Citation: Hansen MRH, Schlünssen V, Sandbæk A (2020) HemoDownloader: Open source software utility to extract data from HemoCue HbA1c 501 devices in epidemiological studies of diabetes mellitus. PLoS ONE 15(11): e0242087. https://doi.org/10.1371/journal.pone.0242087
Editor: Igor Kanovsky, Max Stern Yezreel Valley College, ISRAEL
Received: April 16, 2020; Accepted: October 26, 2020; Published: November 17, 2020
Copyright: © 2020 Hansen et al. This is an open access article distributed under the terms of the Creative Commons Attribution License, which permits unrestricted use, distribution, and reproduction in any medium, provided the original author and source are credited.
Data Availability: All relevant data are within the manuscript and its Supporting Information files. The newest version of HemoDownloader is available at GitHub (https://github.com/martinrunehassanhansen/HemoDownloader).
Funding: This work was supported by grants from Aarhus University Research Foundation (project number 81231, https://auff.au.dk/en/) and the National Research Centre for the Working Environment (project number 10322, https://nfa.dk/). The funders had no role in study design, data collection and analysis, decision to publish, or preparation of the manuscript.
Competing interests: I have read the journal's policy and the authors of this manuscript have the following competing interests: AS reports personal fees from Sanofi Aventis and personal fees from Novo Nordisk DK, outside the submitted work. MRHH and VS have nothing to disclose.
Introduction
Diabetes mellitus is a group of medical conditions characterized by insulin resistance and/or decreased insulin production, resulting in hyperglycemia [1]. The Global Burden of Disease Study estimated that in 2017, the global prevalence of diabetes mellitus was 476 million, and the diseases caused 1.4 million deaths [2].
The diagnosis of diabetes mellitus is often made based on measurement of fasting plasma glucose (FPG) or an oral glucose tolerance test (OGTT). Both of these tests require patients to fast [3], which can pose a logistical challenge. Glycated hemoglobin A (HbA1c) is a compound formed in the bloodstream by a non-enzymatic chemical reaction between glucose and hemoglobin. HbA1c is a measure of the average plasma glucose levels in the last 8–12 weeks [3], and it is approved by the World Health Organization for the diagnosis of diabetes mellitus, provided that appropriate quality control measures are in place, and the patient does not have other medical conditions rendering the results unreliable [3]. HbA1c analysis does not require fasting [3], making it an attractive alternative to diagnosis based on FPG and/or OGTT. Furthermore, HbA1c is recommended by the American Diabetes Association as the main measure of glycemic control among patients already diagnosed with diabetes [4].
Epidemiological studies of diabetes mellitus are needed to monitor the burden of the disease and to investigate novel risk factors for its development.

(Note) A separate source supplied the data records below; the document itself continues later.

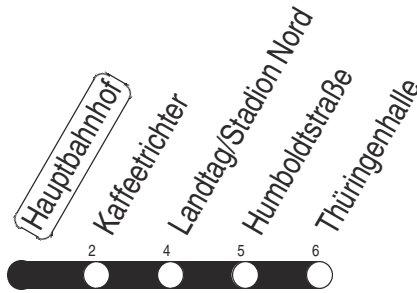

# Sonderfahrplan

# Hauptbahnhof

Richtung: Thüringenhalle

gültig ab / valid from:  
01.02.2025

Fahrzeit in Minuten / journey time (min)

Stunde <i>hour</i>	Montag – Donnerstag <i>Mondays to Thursdays</i>	Freitag <i>Fridays</i>	Samstag <i>Saturdays</i>	Sonntag / Feiertag <i>Sundays / Public holidays</i>
4	56	56		
5	18 33 48	18 33 48		
6	03 16 29 39 49 59	03 16 29 39 49 59	17 42	17 47
7	09 19 29 39 49	09 19 29 39 49	02 22 42	17 47
8	09 29 49	09 29 49	02 22 42 58	17 42
9	09 29 49	09 29 49	19 34 49	02 22 42
10	09 29 49	09 29 49	04 19 34 49	02 22 42 58
11	09 29 49	09 29 49	04 19 34 49	18 33 48
12	09 29 49	09 29 49	04 19 34 49	03 18 33 48
13	09 29 49	09 29 49	04 19 34 49	03 18 33 48
14	09 19 29 39 49 59	09 19 29 39 49 59	04 19 34 49	03 18 33 48
15	09 19 29 39 49 59	09 19 29 39 49 59	04 19 34 49	03 18 33 48
16	09 19 29 39 49 59	09 19 29 39 49 59	04 19 34 49	03 18 33 48
17	09 19 29 39 49 59	09 19 29 39 49 59	04 19 34 49	03 18 33 48
18	09 19 34 49	09 19 34 49	04 19 34 49	03 18 33 48
19	04 19 34 49	04 19 34 49	04 19 34 49	03 18 33 49
20	02 22 42	02 22 42	02 22 42	17 47
21	02 22 42	02 22 42	02 22 42	17 47
22	02 22 47	02 22 42	02 22 42	17 47
23	17 47	02 22 42	02 22 42	17 47
0	17	02 22	02 22	17

Diese Linie verkehrt am 17.04., 30.04., 28.05., 02.10. und 30.10.2025 wie Freitag.  
 Diese Linie verkehrt am 18.04., 20.04., 08.06., 20.09., 03.10. und 31.10.2025 ab 20:00 Uhr wie Samstag.  
 Diese Linie verkehrt an Heiligabend bis 17:00 Uhr und an Silvester bis 23:00 Uhr wie Samstag, anschließend nach Sonderfahrplan.  
 Schulferien in Thüringen: 03.02. - 07.02.2025, 07.04. - 17.04.2025, 30.05.2025, 30.06. - 08.08.2025, 06.10. - 17.10.2025, 22.12.2025 - 02.01.2026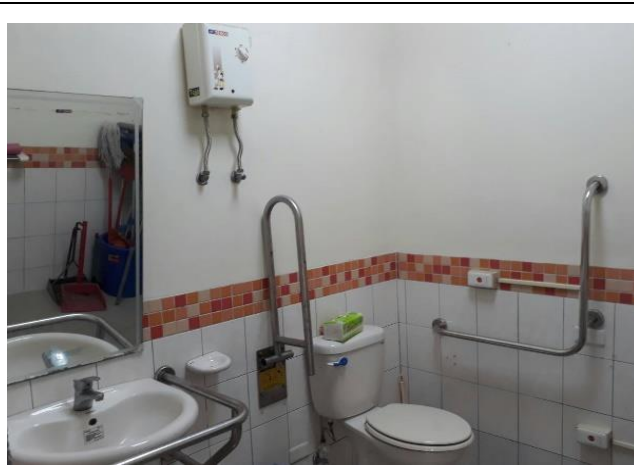

高雄市大樹區疏散避難收容場所吸關照片及平面圖

避難收容處所名稱	地址	收容所聯絡人姓名	收容所聯絡人電話	服務里別	容納人數	適用災害
高雄市立水寮國民小學	高雄市大樹區中華路國小巷1號	顏銀貴	6515536#13	水寮里、水安里、井腳里	1079	<input checked="" type="checkbox"/> 風水災 <input checked="" type="checkbox"/> 地震 <input checked="" type="checkbox"/> 海嘯 <input checked="" type="checkbox"/> 其他

Many of the world’s diabetic patients live in low- and middle-income countries [2] where conducting epidemiological studies is challenging, especially if biological samples have to be transported long distances for analysis at centralized biochemical labs. Point-of-care devices for the measurement of HbA1c exist and have the potential to simplify data collection for studies of diabetes mellitus in such settings. Our partners and we recently carried out an epidemiological study on glycemic regulation in Uganda [5, 6]. Our main outcome was HbA1c, determined by the point-of-care device HemoCue HbA1c 501 (HemoCue AB, Ängelholm, Sweden, www.hemocue.com). No software is currently available for extracting the analysis results from the device memory, so we developed the open source HemoDownloader utility to perform this task, in order to not rely solely on data collectors’ manual recording of results.
Methods
The software was developed for use in and tested during data collection for the “Pesticide Exposure, Asthma and Diabetes in Uganda” (PEXADU) study, which was a short-term observational cohort study on health effects of pesticide exposure among smallholder farmers in the semi-urban Wakiso District of Uganda. We recruited 364 farmers, most of whom underwent three HbA1c tests each from September 2018 to February 2018. Hence, more than 1000 HbA1c analyses were conducted during the study. Study findings have been reported elsewhere [5, 6].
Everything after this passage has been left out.